… you have become sick of the Good Music?
"Good Music" = the repertoire which used to give you pleasure, a sense of belonging, or a feeling of unity with the continuum of a particular tradition, culture, movement or moment.
I find myself nearly unable to listen to most Beethoven symphonies, any Brahms at all, the entire Romantic tradition (though honestly, I *never* dug it), Classical Guitar and even a few of the great Bach organ masterpieces. Don't forget most Handel and ALL of the minor Classical composers. La Mer? No longer tolerable - sorry…
I still deeply adore the severe Viennese tradition once it became atonal - Webern, Schoenberg and Berg - and then Stockhausen, Berio, Ligeti, late Copeland, late Stravinsky, Davidovsky, and so on. Most Bach - save the Brandenburgs - is still transcendental for me. And Buxtehude of course! (exclamation IRONIC)
In the region of Rock Music (so called) toleration is much less clear cut. I find the intolerable only by listening to the Radio or by dropping the needle (I wish) on a chestnut and seeing whether or not I feel ill. It's treacherous to listen to 'Album Rock' and drive @ the same time because of the chances that something once tolerable will pop-up and cause a sudden lane change due to leg spasms or involuntary shaking.
If that infantile moron Ted Nugent comes on the radio, I immediately know two things; one, the radio station has had a momentary lapse of quality control and that - curmudgeonly as I am - I was not wrong about his music. The low common denominator of rock. There has to be a nadir in any category and 'the Nuge' occupies the rock caboose. Graceless, utterly bad finger-flopping of the basest kind. No Ted, you're not even fast.
Sorry about that digression… Casting aspersions @ a player is not my MO. In fact I lament that guitarists seem to have an overactive tendency to belittle other players. Nugent should, by rights, never enter the conversation but when he said that J. Garcia 'couldn't play guitar' I've been in my ghillie suit and laying in wait for his low brow to cross my line of sight.
How do I return to a higher level of discourse after stooping as low as that particular buckskinned bum?

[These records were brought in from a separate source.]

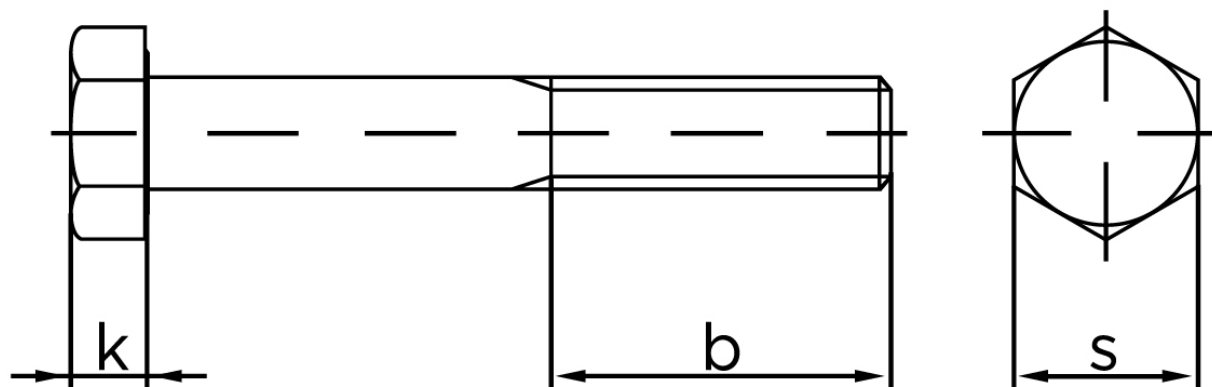

Maskinbolt DIN 601 Elforzinket Stål Kl. 4.6 Inkl. Møtrik M27x85 (10 Stk)

SKU: 006014100270085

GTIN: 4043952117750

Norm	DIN 601
Dimensions	27
SIISO/DIN	41
k	17
b¹	60
b²	66
b³	79
Bemærkning	b¹ for l ≤ 125 mm b² for l ≤ 200 mm b³ for l > 200 mm

Bemærk disse data er vejledende, og informationerne skal anses som vejledende, Bolte.dk stiller ingen garanti eller kan stilles til ansvar for overstående datatabel. Er du i tvivl så kontakt os på 75154999.

Vil du vide mere om dette produkt
Forespørg pris her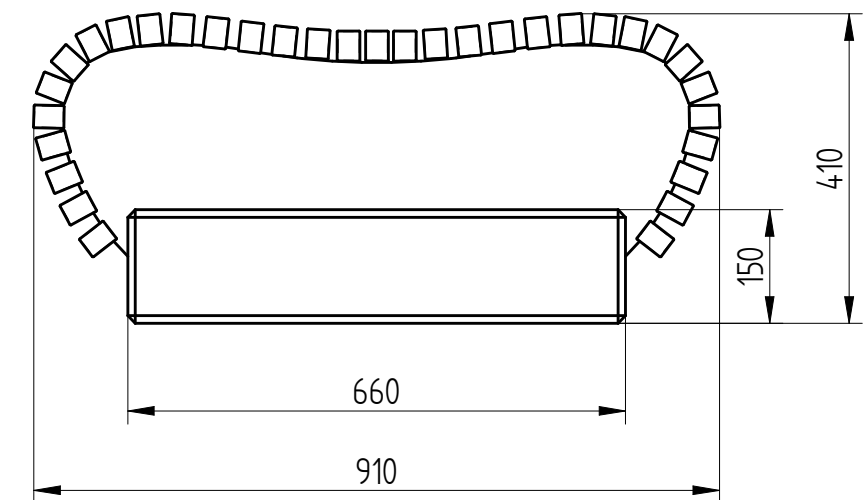

PUCZYŃSKI - mała architektura

Ul. Robotnicza 31 05-800 Pruszków tel.: 22 7586693 e-mail: info@puczynski.pl internet: www.puczynski.pl

Nazwisko	Konstruował M. Puczyński	Sprawdził M. Puczyński	Rysował M. Puczyński	Nr zespołu 20-02-35	
Podpis				Skala	Format
Data	04/2016		04/2016	1:10	DFT

Nazwa części

Ława na murku

Autor projektu zgodnie z Ustawą o prawie autorskim i prawach pokrewnych z dnia 04.02.1994r. (Dz.U. 2006 Nr 90 poz. 631 z późn. zmianami) zastrzega sobie prawa autorskie.

By abruptly changing course; as follows:
I think that when the act of listening to rock music (in particular) is removed from the context and level-of-consciousness in which it was voraciously consumed there is a disconnect (damn! I hate that word) between that music and the contextually removed listener. Or, no longer stoned at all, or, only seldom, a crucial aspect of the connectedness to the music is AWOL. And, sitting with one's significant other who happens NOT to have grown-up in the same era or taste universe, makes listening to Foreigner, or Foghat, or 10cc, or (fill in the blanks) a cringe fest. It's disconcerting to realize that Grace really was out-of-tune often enough when singing live, that it is impossible to cajole anyone into liking the Airplane. I *love* Jefferson Airplane and it pains me that my wife cannot tolerate even a cursory listen. At least she likes David Crosby's "If I Could Only Remember My Name" (1971).